LandSource Communities, the parent corporation of Lennar Corp and Newhall Land, could emerge from bankruptcy with a 15 percent interest in the Newhall Ranch Project if creditors approve the purchase.
Judge Kevin J. Carey ruled yesterday that homebuilder Lennar Corp. would be allowed to purchase 15 percent of the Newhall Ranch project and other properties for $140 million, if a majority of the creditors vote in their favor.
Those creditors are expected to vote on the reorganization plan for LandSource ahead of a July 13 confirmation hearing.
Newhall Ranch is a proposed development with 21,000 homes planned for 15,000 acres. A 60-day review of the project’s environmental impact report is currently underway (see full story here ) and will conclude June 26. A public hearing to discuss the report is scheduled at 6:30 p.m. on Thursday, June 11 at Rancho Pico Junior High School.

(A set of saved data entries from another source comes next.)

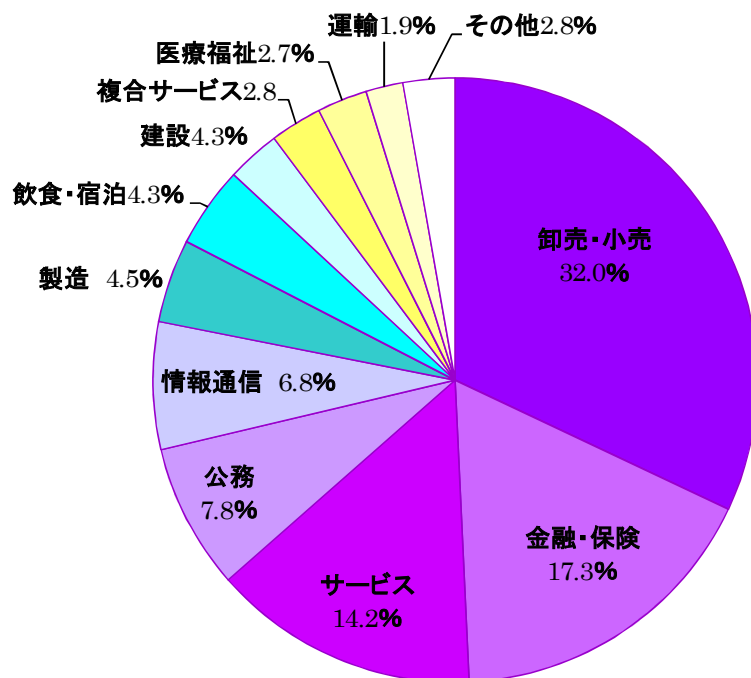

就職先エリア

2011年4月30日現在
第1期生から15期生までの累計

【全体】

青森県	1481	47.3
首都圏	717	22.9
東北(青森を除く)	455	14.6
北海道	129	4.1
その他	348	11.1
計	3130	100.0
	人	%

【男】

青森県	731	42.3
首都圏	401	23.2
東北(青森を除く)	279	16.1
北海道	94	5.4
その他	225	13.0
計	1730	100.0
	人	%

【女】

青森県	750	53.6
首都圏	316	22.5
東北(青森を除く)	176	12.6
北海道	35	2.5
その他	123	8.8
計	1400	100.0
	人	%

産業別構成

2011年4月30日現在
第1期生から15期生までの累計

卸売・小売	1002	32.0
金融・保険	540	17.3
サービス	446	14.2
公務	244	7.8
情報通信	213	6.8
製造	140	4.5
飲食・宿泊	135	4.3
建設	90	2.9
複合サービス	87	2.8
医療福祉	84	2.7
運輸	62	1.9
その他	87	2.8
計	3130	100
	人	%

Investors in LandSource include the country’s largest public pension fund, the California Public Employee Retirement System (CalPERS), which holds a 68 percent interest in the company. Should the reorganization plan be approved by a majority of creditors, the pension fund would lose all of its investment.
Officials reassured CalPERS members that their investment represents less than half of one percent of the pension fund’s overall investment portfolio.
LandSource filed for bankruptcy protection in June 2008 after defaulting on loan payments in April 2008.
The filing came after several months of negotiations with lenders in an attempt to modify and restructure the company’s debt, according to a release from LandSource. The problems began April 22 when LandSource defaulted on loan payments. According to Standard and Poor, the company’s cash had declined to $25 million from about $115 million in early February.